§ **Work order**: Only the lines from the one with "GTIN: 4051427189195" to the end of the data below should be returned, each exactly as it stands.

<<<<

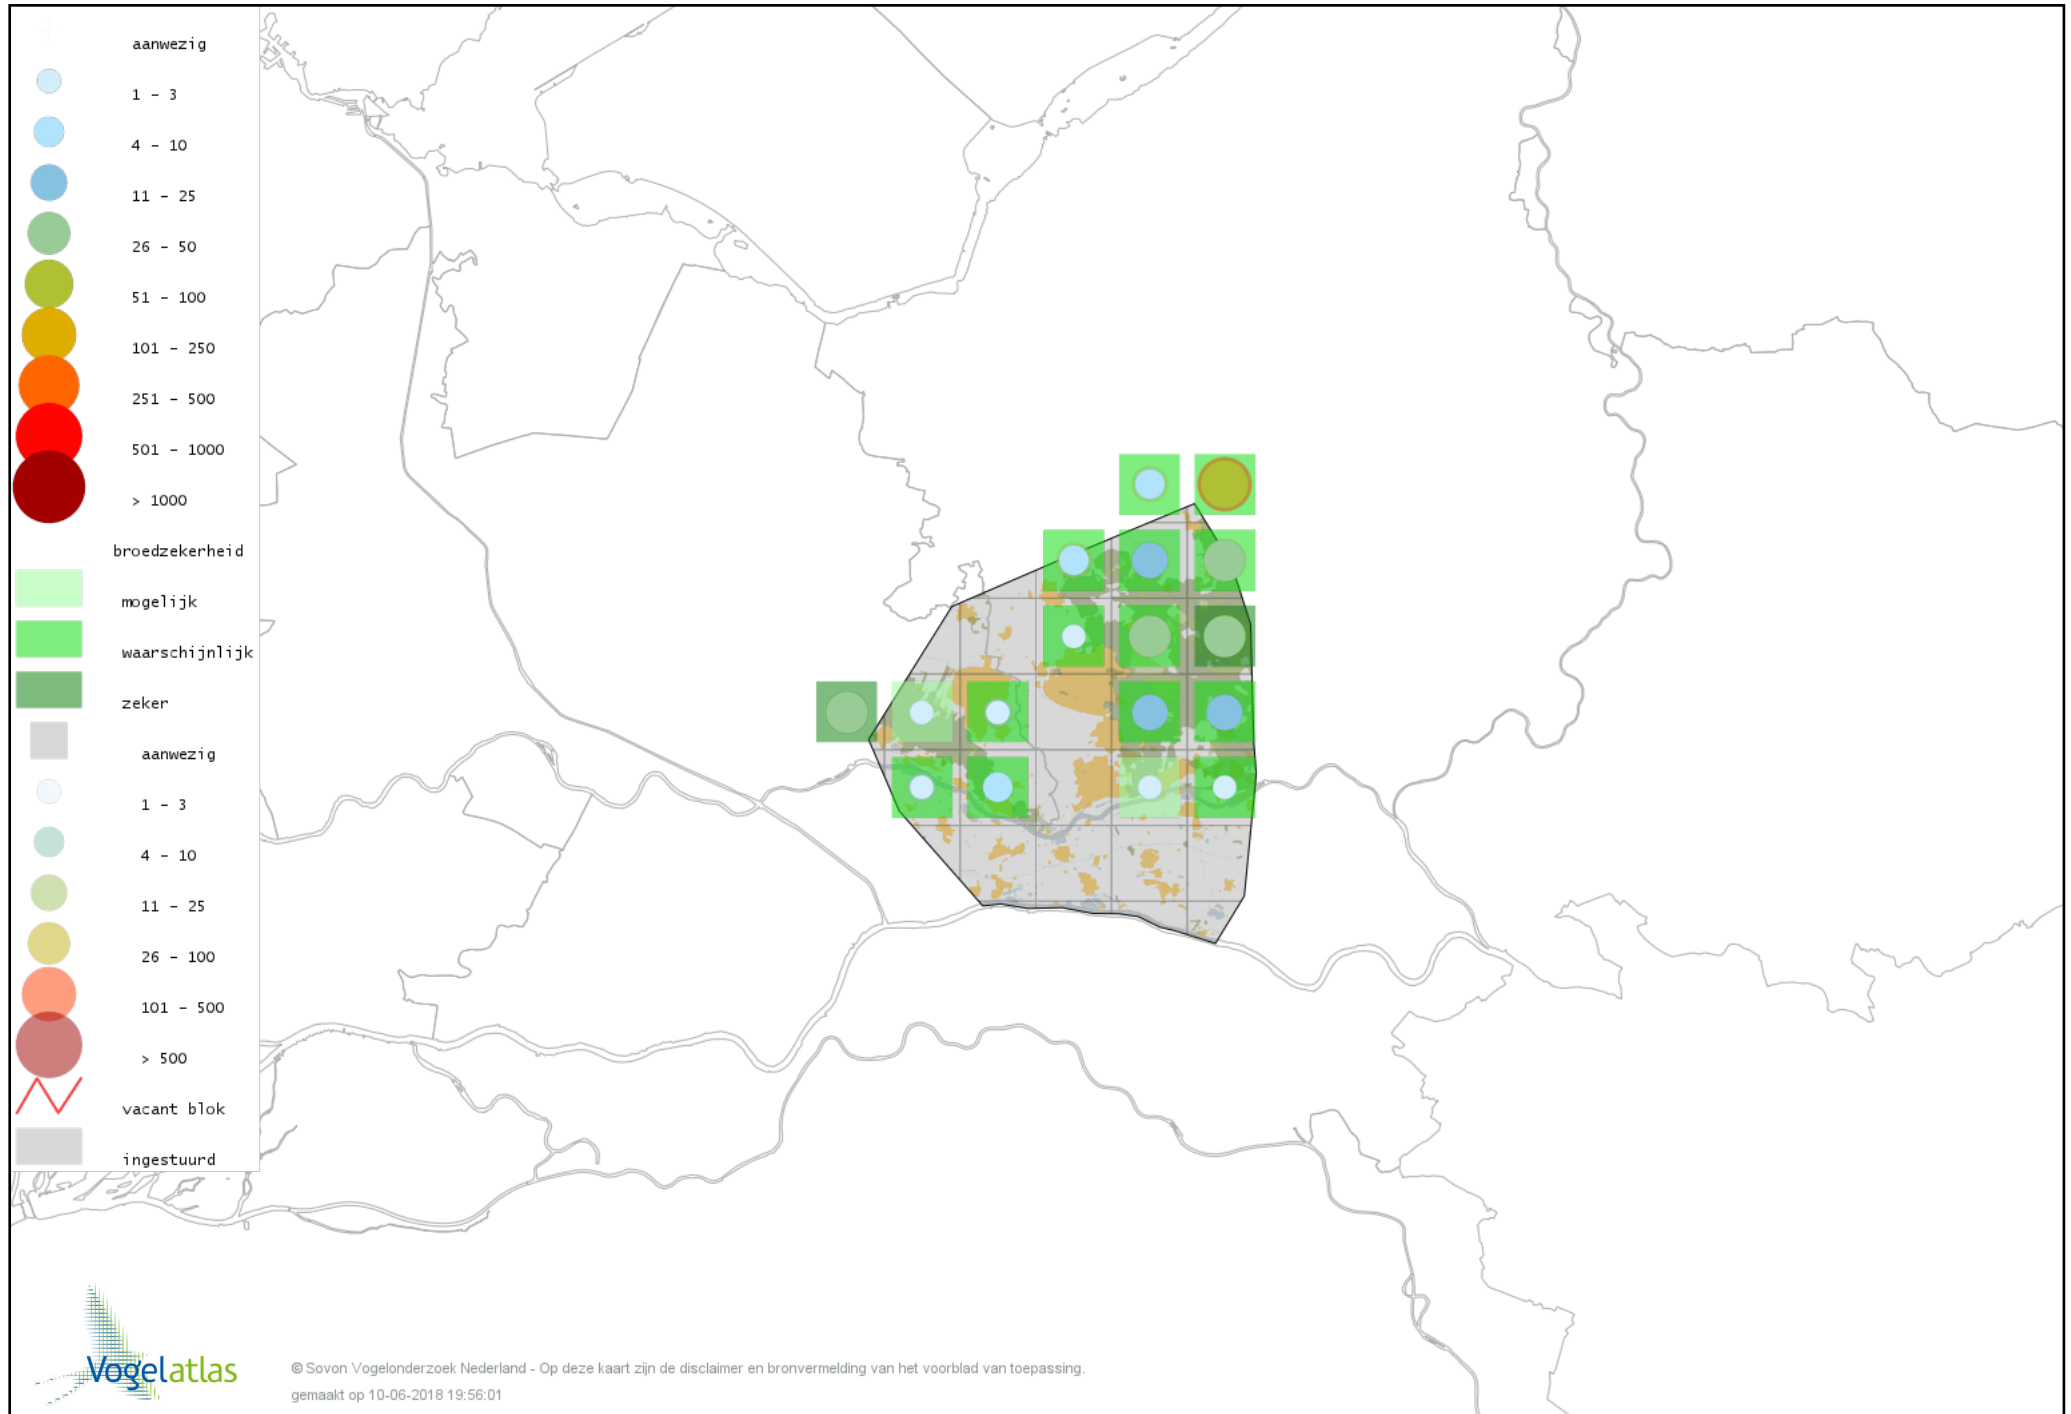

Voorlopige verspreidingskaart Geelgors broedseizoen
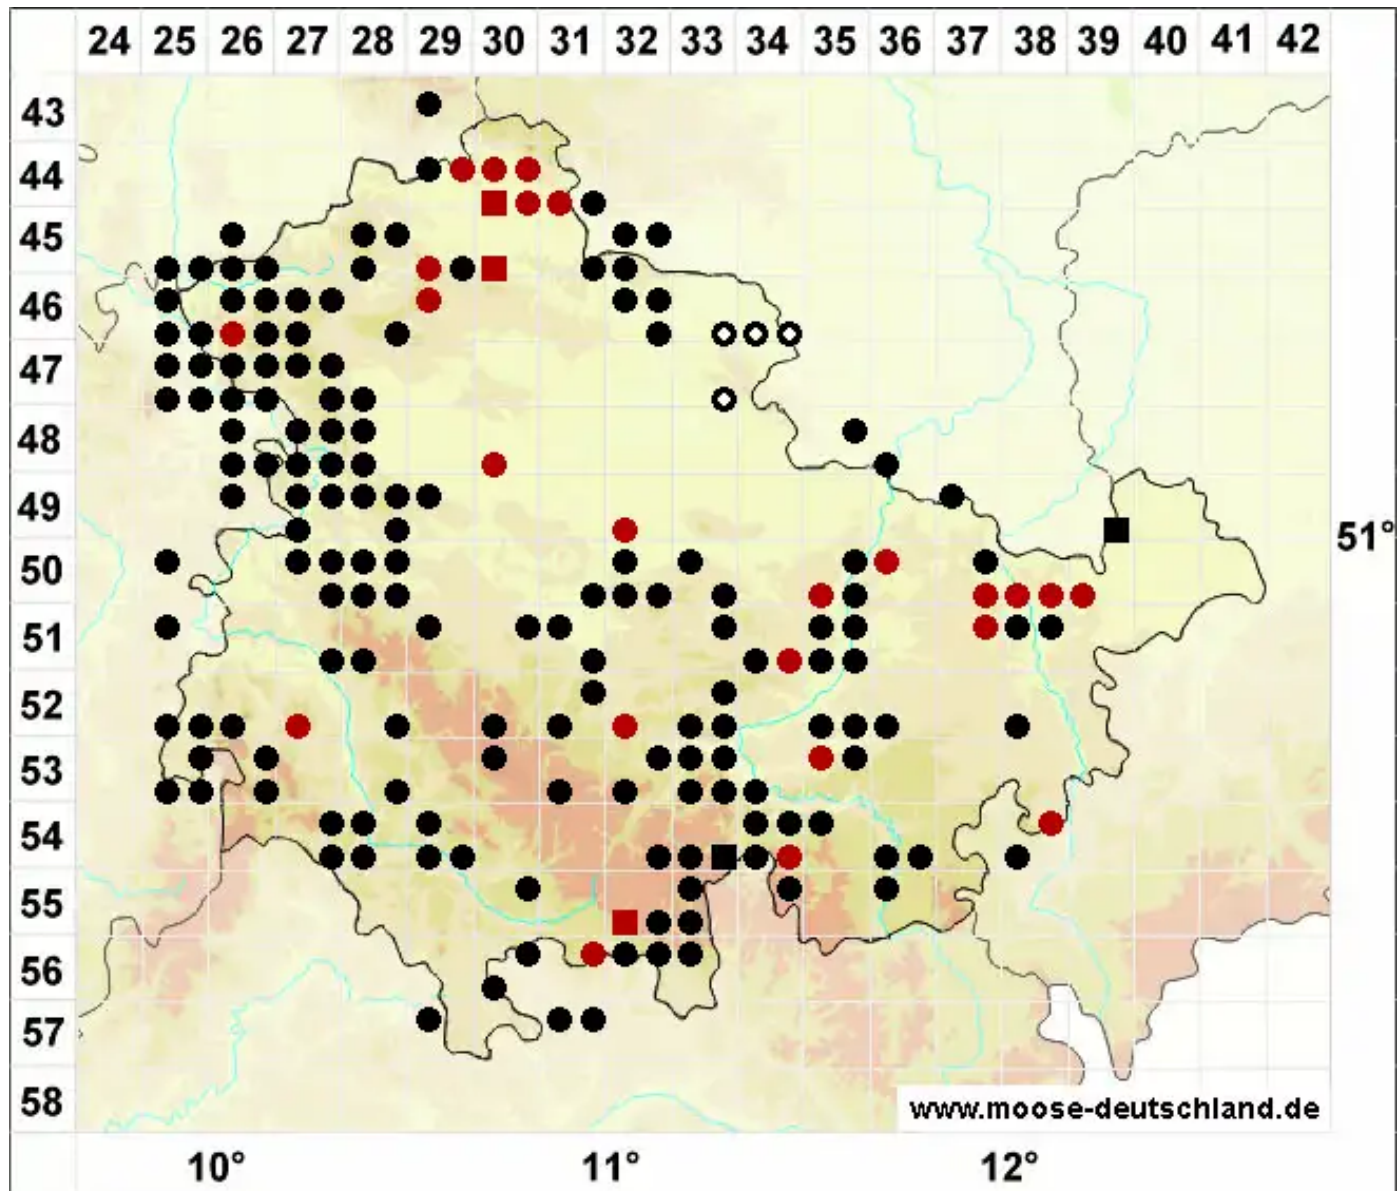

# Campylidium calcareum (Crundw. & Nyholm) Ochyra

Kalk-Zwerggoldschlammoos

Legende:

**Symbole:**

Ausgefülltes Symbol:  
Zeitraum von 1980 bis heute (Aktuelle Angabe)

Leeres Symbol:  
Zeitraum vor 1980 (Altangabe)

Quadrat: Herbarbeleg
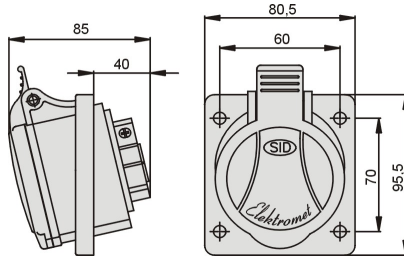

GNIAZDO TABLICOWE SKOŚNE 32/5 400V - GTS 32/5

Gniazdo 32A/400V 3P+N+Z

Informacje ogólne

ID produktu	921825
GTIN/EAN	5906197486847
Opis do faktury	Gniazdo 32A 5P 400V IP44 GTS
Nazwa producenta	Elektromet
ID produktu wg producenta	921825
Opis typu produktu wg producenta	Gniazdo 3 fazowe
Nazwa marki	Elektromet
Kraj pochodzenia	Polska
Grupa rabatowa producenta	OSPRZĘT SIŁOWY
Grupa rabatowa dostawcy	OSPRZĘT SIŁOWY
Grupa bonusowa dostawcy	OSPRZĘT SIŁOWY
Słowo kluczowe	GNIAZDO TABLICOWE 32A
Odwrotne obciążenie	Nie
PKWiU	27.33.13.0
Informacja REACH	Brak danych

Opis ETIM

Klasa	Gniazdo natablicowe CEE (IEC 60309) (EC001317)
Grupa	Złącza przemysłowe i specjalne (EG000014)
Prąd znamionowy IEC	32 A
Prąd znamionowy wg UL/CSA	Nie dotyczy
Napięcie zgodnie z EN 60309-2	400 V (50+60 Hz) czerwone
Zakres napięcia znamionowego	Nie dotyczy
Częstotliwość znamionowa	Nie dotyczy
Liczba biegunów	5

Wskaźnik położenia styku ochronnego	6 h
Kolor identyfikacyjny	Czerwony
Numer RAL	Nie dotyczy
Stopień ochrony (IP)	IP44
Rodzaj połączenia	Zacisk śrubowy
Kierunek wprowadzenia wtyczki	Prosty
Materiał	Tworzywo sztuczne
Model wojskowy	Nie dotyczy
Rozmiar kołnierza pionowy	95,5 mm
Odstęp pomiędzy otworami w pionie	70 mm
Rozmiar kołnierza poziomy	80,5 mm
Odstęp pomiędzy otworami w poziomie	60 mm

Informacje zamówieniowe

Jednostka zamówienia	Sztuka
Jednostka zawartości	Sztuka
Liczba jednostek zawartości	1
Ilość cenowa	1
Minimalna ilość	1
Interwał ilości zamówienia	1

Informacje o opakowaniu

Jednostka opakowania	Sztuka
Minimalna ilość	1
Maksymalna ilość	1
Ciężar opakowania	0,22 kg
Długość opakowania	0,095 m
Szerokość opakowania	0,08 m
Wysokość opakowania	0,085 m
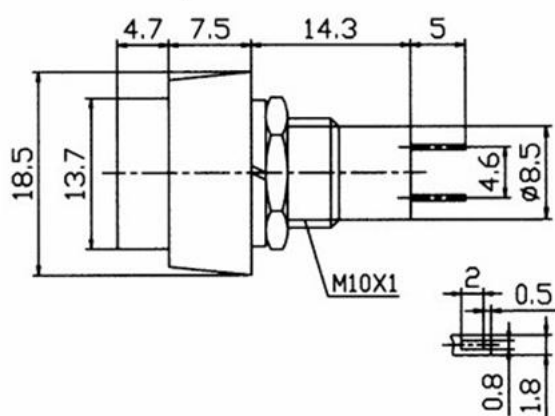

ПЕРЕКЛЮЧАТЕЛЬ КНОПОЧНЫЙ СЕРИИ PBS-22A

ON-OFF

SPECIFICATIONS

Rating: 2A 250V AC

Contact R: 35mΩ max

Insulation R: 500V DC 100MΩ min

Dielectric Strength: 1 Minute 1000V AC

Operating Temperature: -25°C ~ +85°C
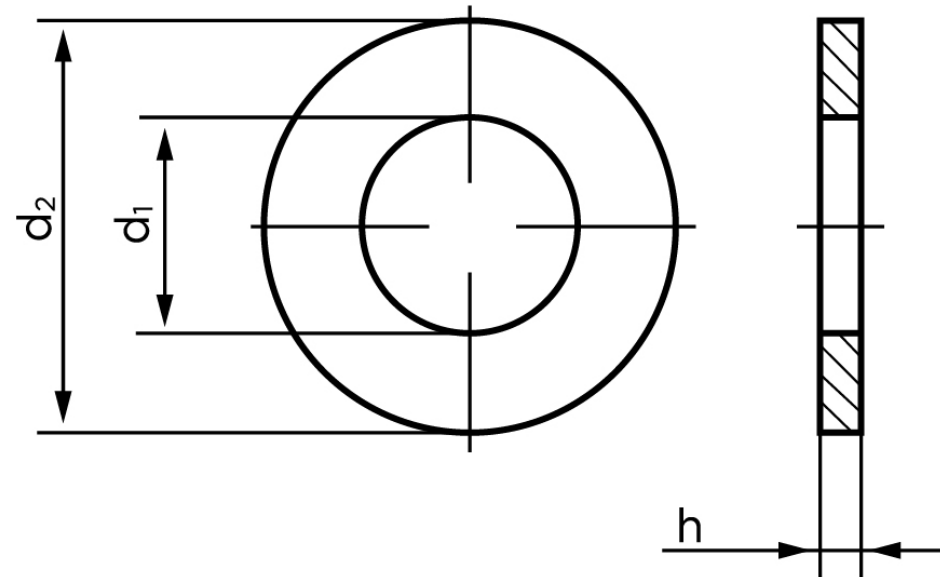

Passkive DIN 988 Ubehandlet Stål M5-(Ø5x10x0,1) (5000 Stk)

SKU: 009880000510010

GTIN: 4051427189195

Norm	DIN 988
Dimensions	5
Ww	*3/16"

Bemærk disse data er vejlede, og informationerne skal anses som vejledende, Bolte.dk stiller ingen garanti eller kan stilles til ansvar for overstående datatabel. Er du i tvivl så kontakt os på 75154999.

>>>>

§ **Answer to this problem**:
GTIN: 4051427189195

Norm	DIN 988
Dimensions	5
Ww	*3/16"

Bemærk disse data er vejlede, og informationerne skal anses som vejledende, Bolte.dk stiller ingen garanti eller kan stilles til ansvar for overstående datatabel. Er du i tvivl så kontakt os på 75154999.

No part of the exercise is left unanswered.